THE RECENT rout in oil prices has hit profits at Total, with a headline loss of $5.7bn (£3.3bn) in the fourth quarter announced yesterday.
Like many others in the energy sector, the company is looking to mitigate these losses by cutting back on capital investments, accelerating its cost cutting exercise and selling off $5bn of assets in 2015.
Part of the savings are to be made by halving its capacity Lindsey refinery in Lincolnshire resulting in 180 job losses by the end of the year.
However, chief executive Patrick Pouyanne hailed the renewal of its oilfield concession in Abu Dhabi as a “blockbuster” and did not deny the French oil major may have coughed up $2bn to sign the deal.

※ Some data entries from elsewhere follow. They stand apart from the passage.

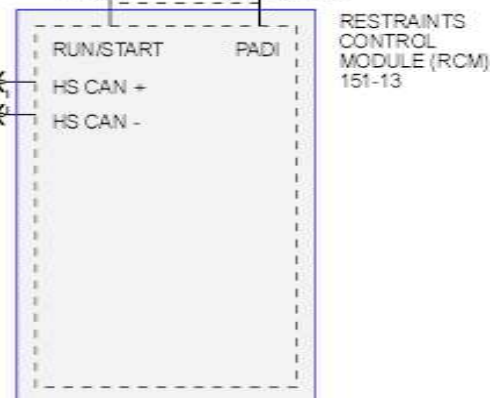

Warning
Do not attempt to diagnose or troubleshoot Supplemental Restraint System circuitry without consulting the Workshop Manual. Improper troubleshooting could cause the supplemental restraints to deploy inadvertently, causing injury.

Hot in Start or Run

SMART JUNCTION BOX (SJB)
11-3
11-4
11-5

HAZARD FLASHER SWITCH 90-1

SAFETY BELT
BUCKLE SWITCH,
PASSENGER
151-26

Warning
Do not attempt to diagnose or troubleshoot Supplemental Restraint System circuitry without consulting the Workshop Manual. Improper troubleshooting could cause the supplemental restraints to deploy inadvertently, causing injury.
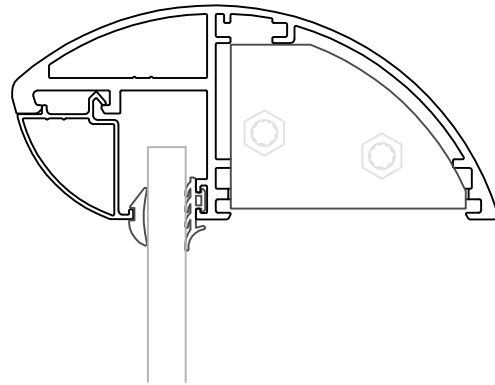

Clearviews - System 2 Wall bracket

stainless steel phillips screw (pen)

10X25

M8 stud chemically fastened or similar

Approved by (signature)

Date

Print Name
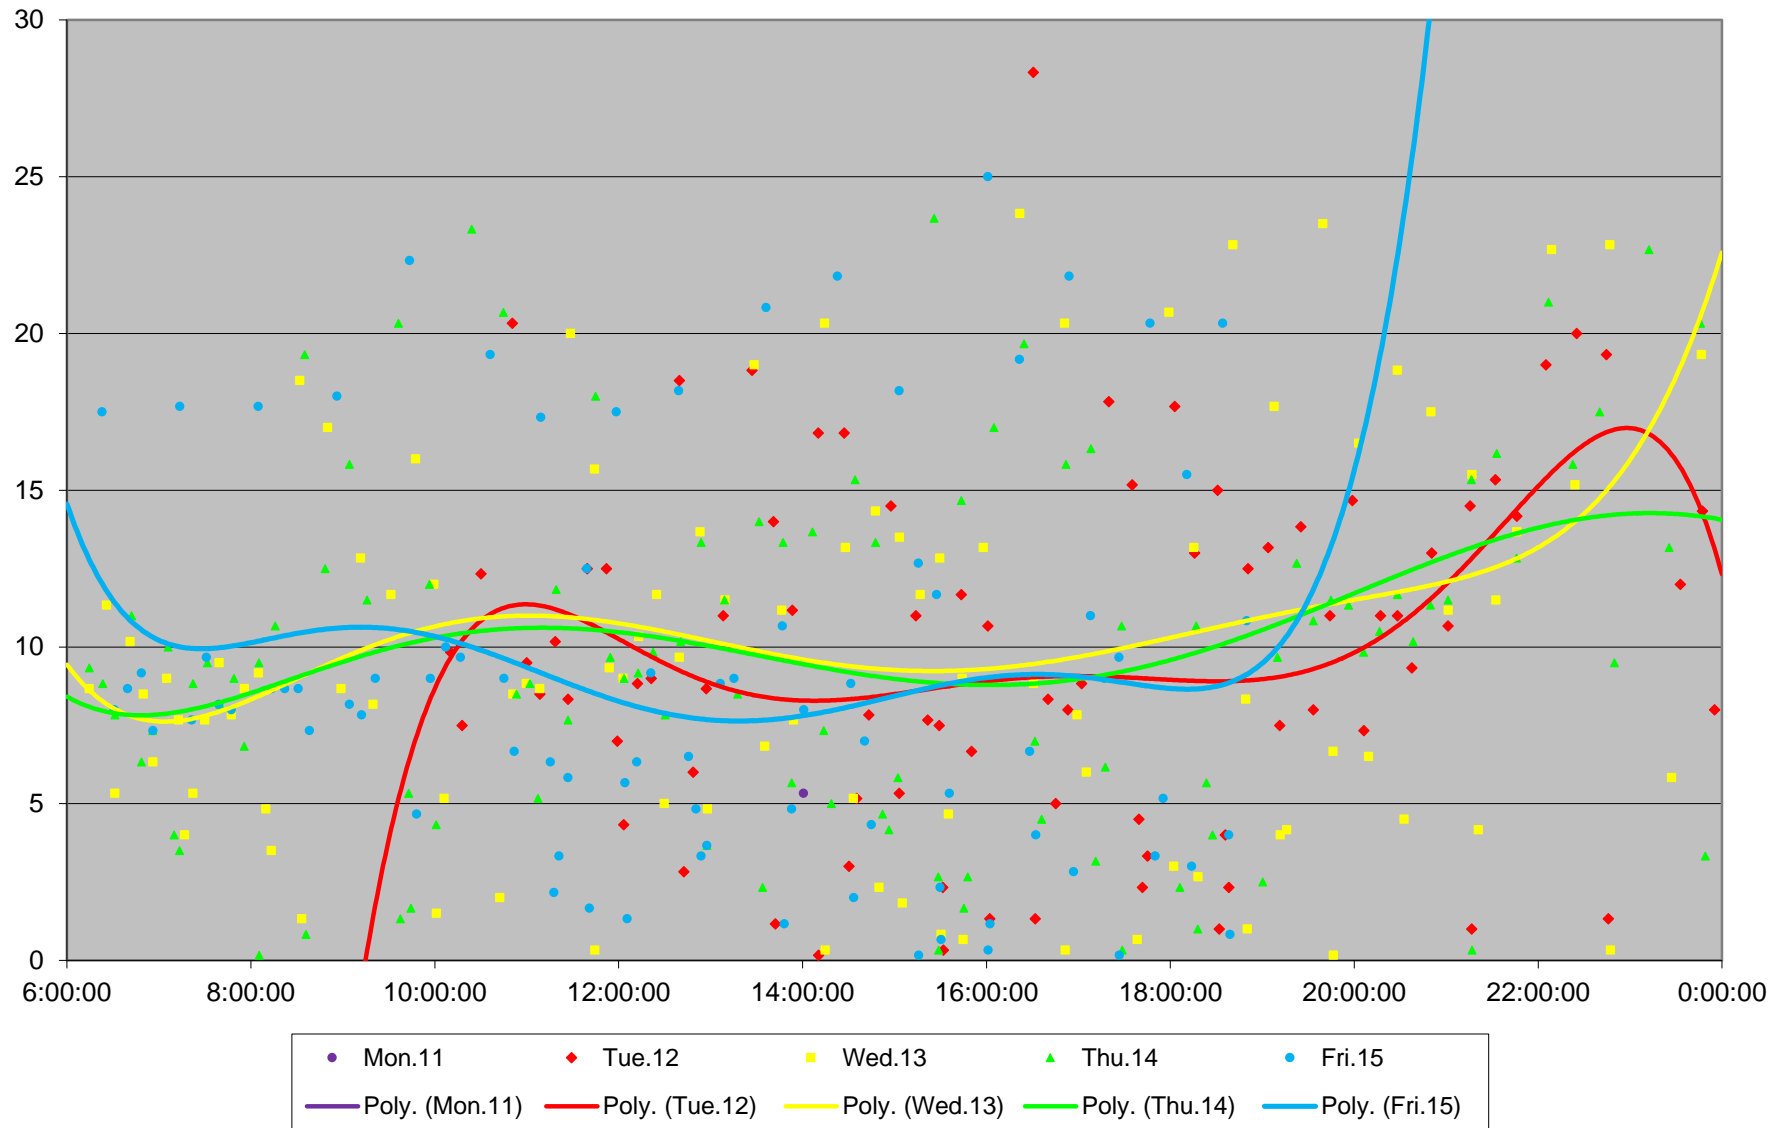

70 O'Connor Headways at Wolverleigh Northbound November 2019
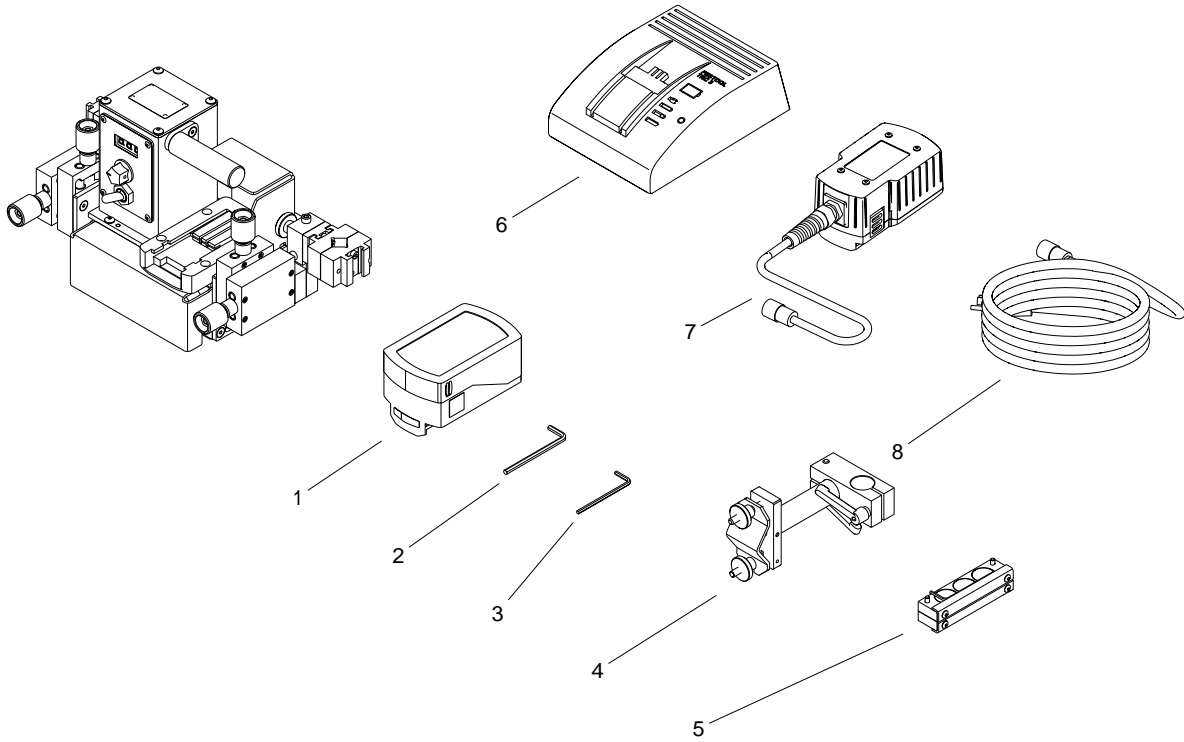

Parts list

Mini Spider

ITEM	PART NUMBER	DESCRIPTION	Q-TY
1*	AKM-000086	BATTERY	1
2	KLC-000007	4 MM HEX WRENCH	1
3	KLC-000006	3 MM HEX WRENCH	1
4**	UCW-0655-08-00-00-0	WIRE HOLDER	1
5	ZST-0655-09-00-00-0	MAGNET SET ASSY	1
6**	LDW-000006	BATTERY CHARGER 230V	1
6**	LDW-000007	BATTERY CHARGER 120V	1
7**	ZSL-0526-20-00-00-0	POWER SUPPLY	1
8**	PWD-0466-16-00-00-0	POWER CORD 115V (US)	1
8**	PWD-0466-18-00-00-0	POWER CORD 230V (CEE)	1
8**	PWD-0466-21-00-00-0	POWER CORD 230V (AU)	1
8**	PWD-0466-28-00-00-0	POWER CORD 230V (UK)	1
8**	PWD-0466-31-00-00-0	POWER CORD 230V (INDIA)	1

*recommended parts

** optional parts

Parts list Mini Spider v.0.01

ITEM	PART NUMBER	DESCRIPTION	Q-TY
1	NIT-000014	RIVET 2x6	4
2	WKR-000096	HEX SOCKET BUTTON HEAD SCREW M5x10	15
3	PKR-0655-02-02-01-0	COVER	1
4	KRP-0655-02-02-10-0	MODULE BODY ASSY	1
5	WKR-000313	HEX SOCKET BUTTON HEAD SCREW M3x8	4
6	PNL-0655-02-02-20-0	CONTROL PANEL ASSY	1
7*	PKT-000028	POTENTIOMETER KNOB	1
8*	OSL-000036	LEVER SWITCH COVER	1

*recommended parts

ITEM	PART NUMBER	DESCRIPTION	Q-TY
1	NKR-000017	HEX NUT M6	2
2	PDK-000021	ROUND WASHER 6.4	2
3	PKT-0247-01-05-00-0	HANDWHEEL	2
4	SPR-000010	DISC SPRING 6.2x12.5x0.6	2
5	PDK-000020	ROUND WASHER 6.4	4
6	TLJ-0247-01-04-00-0	SLEEVE	2
7	WKR-000026	HEX SOCKET SET SCREW WITH FLAT POINT M5x8	8
8	KRP-0340-02-01-11-0	TORCH GUIDE FRAME I	1

ITEM	PART NUMBER	DESCRIPTION	Q-TY
1	NKR-000017	HEX NUT M6	2
2	PDK-000021	ROUND WASHER 6.4	2
3	PKT-0247-01-05-00-0	HANDWHEEL	2
4	SPR-000012	DISC SPRING 8.2x16x0.6	2
5	TLJ-0247-01-04-00-0	SLEEVE	2
6	WKR-000136	HEX SOCKET COUNTERSUNK HEAD SCREW M5x16	6
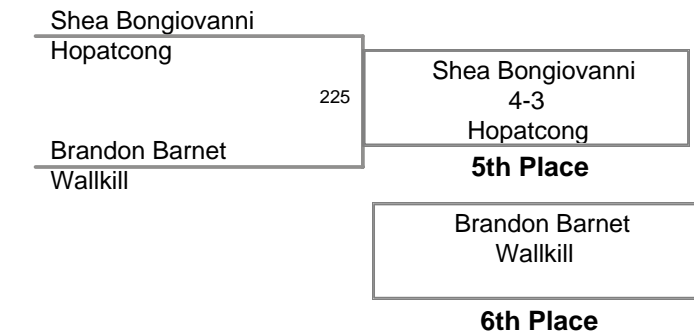

2009 Sussex County
Championships

86 Lbs
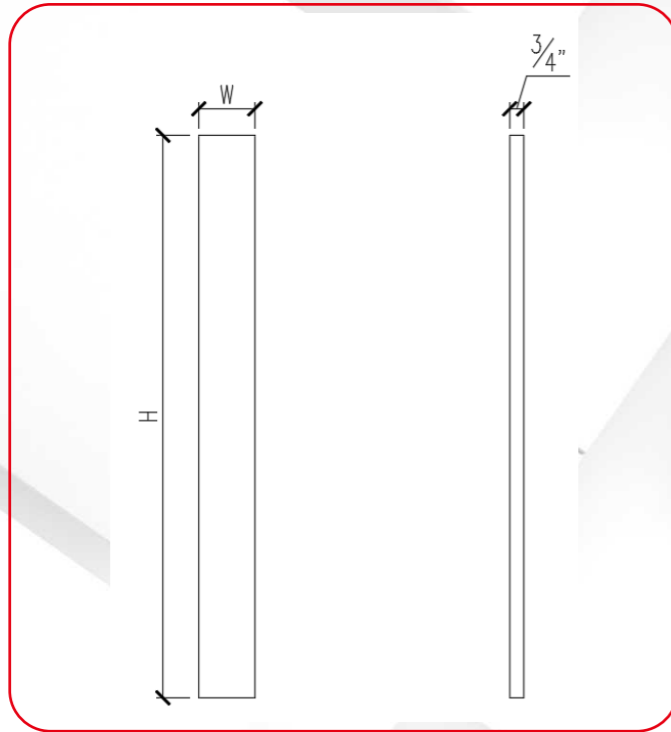

FILLERS

ITEM CODE	DIMENSIONS
WF330	3" H x 3/4" D x 30" L
WF336	3" H x 3/4" D x 36" L
WF342	3" H x 3/4" D x 42" L
WF396	3" H x 3/4" D x 96" L
WF630	6" H x 3/4" D x 30" L
WF636	6" H x 3/4" D x 36" L
WF642	6" H x 3/4" D x 42" L
WF696	6" H x 3/4" D x 96" L
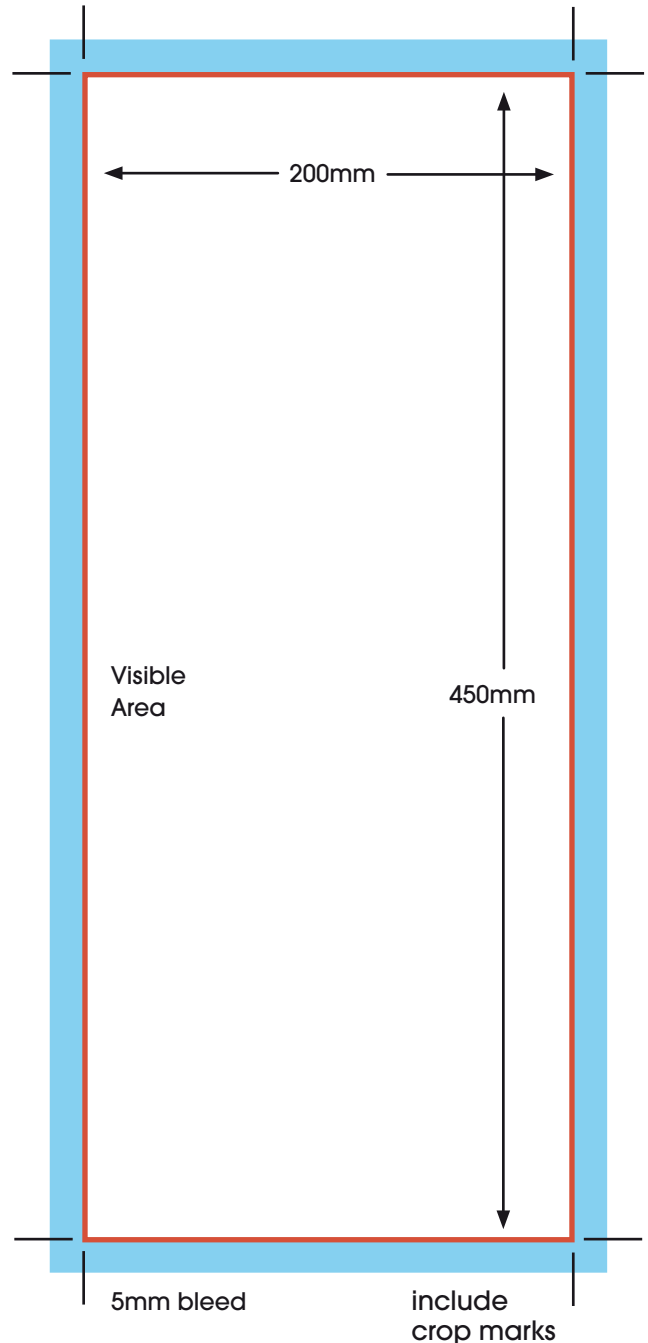

BANNERS FOR BUSINESS

Guidelines: Storm Hydro

Banner Size

800mm x 1800mm

Work at 1/4 size.

200mm x 450mm

Show crop marks on your artwork.

Add 5mm bleed.

Artwork should be in CMYK.

All images should be 300dpi.

Please outline all fonts.

Preferred file types:

- PDF
- EPS
- TIFF

If you need to send other file formats please contact us for further details.

If you have any queries, please contact us:

0151 649 3663

sales@bannersforbusiness.co.uk
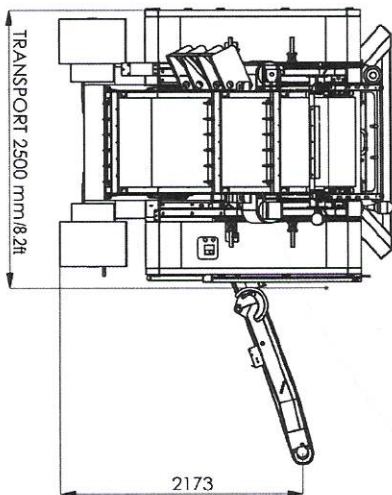

R9 Jaw Crusher

Weight 19,700KGS/43,431lbs(Full Spec)

R9R Jaw Crusher

Weight 19,700KGS/43,431lbs(Full Spec)
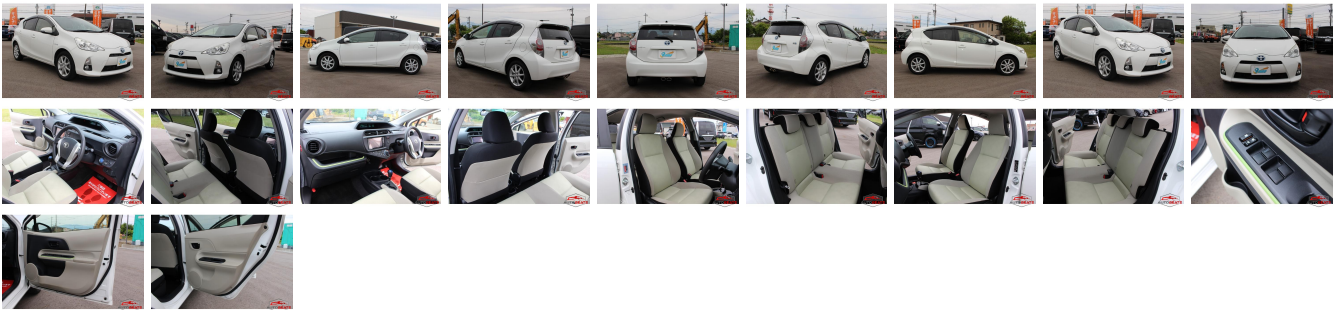

Vehicle Information

AB-7700598

TOYOTA

First Registration Year: 2012-05
 Manufacture Year: 2012-05

Model: AQUA **Chassis No:** NHP10-603**** **Transmission:** Automatic **Exterior:**
Grade: 4 **Engine:** **Mileage:** 81,263 **Interior:**
Fuel: Hybrid **Seats:** 5 **Engine Capacity:** 1,500
Drive Train: 2WD **Color:** PEARL WHITE

Vehicle Options:

Pwr Steering	Pwr Wind	Pwr Mirrors	Center Lock
Air Cond	Reverse Camera	Pwr Slide Door	Easy Closer
Cruise Control	ABS	Air Bag	Fog Lamps
HID Head Lamps	LED Head Lamps	Spare Key	Remote Key
Push Start	Seat Heater	Pwr Seat	Leather Seat
Floor Mat	Sun Roof	Alloy Wheels	Grill Guard
Rear Wiper	Rear Spoiler	Stereo	Navi/TV
Car CD	Car MD	AUX	Spare Tire
Spare Tire Case	Puncture Repairing Kit	Tool	Jack
Operators Manual	Maint. Record		

\$3,980
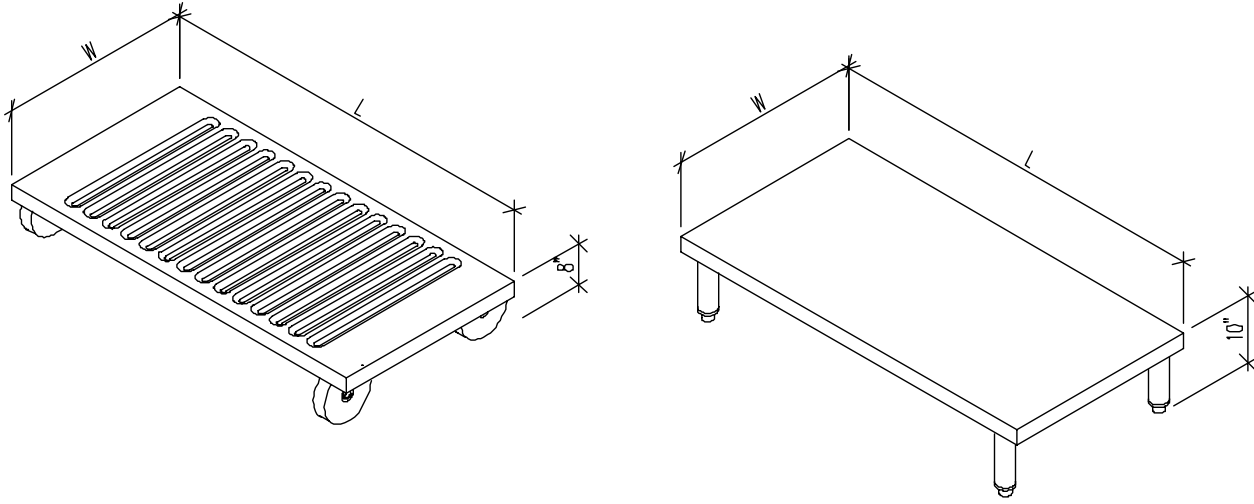

D - Stainless Steel Dunnage Racks Heavy Duty, Louvered or Solid

SPECIFICATION:

D Model Dunnage Rack is produced from 16-gauge type 304 stainless steel corners fully welded and ground smooth. Unit to be supported by 1-5/8" OD, 18-8 type 304 stainless steel upright posts, and sanitary, adjustable stainless steel feet for leveling. All dunnage racks are NSF-approved.

Stationary units provided with stainless steel posi-grip adjustable foot inserts, attached to posts.

Mobile units provided with 5" casters. See selection guide and information.

OPTIONS:

- Solid or Louvered
- Correctional package
- Welded unit
- Special height or widths
- Mobile or Stationary
- Seismic bolt-down legs
- Extra heavy duty (14GA)
- Super heavy duty (12GA)

DUNNAGE RACKS-STATIONARY, LOUVERED OR SOLID (16GA Racks, 1 5/8" x 10" High Posts)

SOLID MODEL #	LOUVERED MODEL #	SIZE (W x L)	METRIC	WEIGHT
D-3618-S	D-3618-L	18" x 36"	457 x 914	39
D-4218-S	D-4218-L	18" x 42"	457 x 1067	42
D-4818-S	D-4818-L	18" x 48"	457 x 1219	44
D-5418-S	D-5418-L	18" x 54"	457 x 1372	47
D-3621-S	D-3621-L	21" x 36"	533 x 914	41
D-4221-S	D-4221-L	21" x 42"	533 x 1067	44
D-4821-S	D-4821-L	21" x 48"	533 x 1219	47
D-5421-S	D-5421-L	21" x 54"	533 x 1372	50
D-3624-S	D-3624-L	24" x 36"	610 x 914	43
D-4224-S	D-4224-L	24" x 42"	610 x 1067	47
D-4824-S	D-4824-L	24" x 48"	610 x 1219	50
D-5424-S	D-5424-L	24" x 54"	610 x 1372	53
D-3627-S	D-3627-L	27" x 36"	686 x 914	46
D-4227-S	D-4227-L	27" x 42"	686 x 1067	49
D-4827-S	D-4827-L	27" x 48"	686 x 1219	53
D-5427-S	D-5427-L	27" x 54"	686 x 1372	56
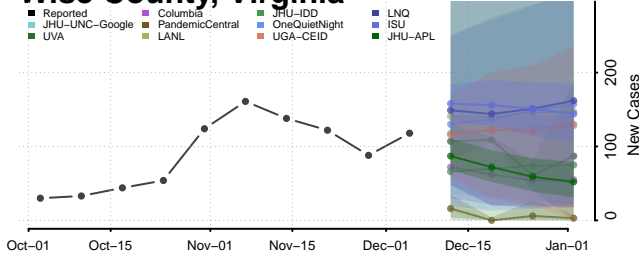

Waynesboro County, Virginia

Westmoreland County, Virginia

Williamsburg County, Virginia

Winchester County, Virginia

Wise County, Virginia

Wythe County, Virginia

York County, Virginia

Washington
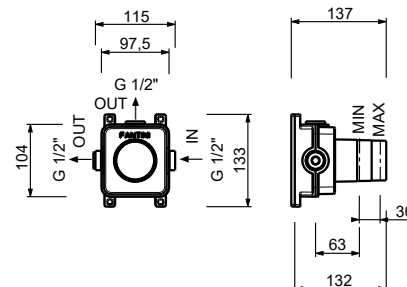

Stop valve

- ON/OFF button with flow rate adjustment **AUX**

Screen-printing

- soundproof
- for horizontal and vertical installation
- 1/2" inlets

H592B

External piece

Chrome	87 02 H592B
Polished Nickel PVD	87 95 H592B
Matt Gun Metal PVD	87 P5 H592B
Matt British Gold PVD	87 P6 H592B
Matt Copper PVD	87 P9 H592B
Deep Black PVD	87 S1 H592B
Pure Brass PVD	87 Q7 H592B
Raw Metal PVD	87 Q8 H592B
Brushed Stainless Steel	87 93 H592B

H590A

Built-in piece

44 00 H590A

Total raised pressure on its rivals when it became the first oil major to sign a deal last month with the Abu Dhabi National Oil Company (ADNOC) for a 10 per cent stake in the emirate’s biggest oilfields.
Asked yesterday if he could confirm the company had paid a signing bonus of $2.2bn to Abu Dhabi for the stake, Pouyanne said: "I won’t reveal the secrets of this contract. But $2bn for two billion barrels, it’s just $1 per barrel, that's not very expensive.”
The fields are expected to reach 1.8m barrels per day from 2017.
“In the pharmaceutical industry, they have blockbusters. This is our blockbuster, and it will last for 40 years,” Pouyanne said.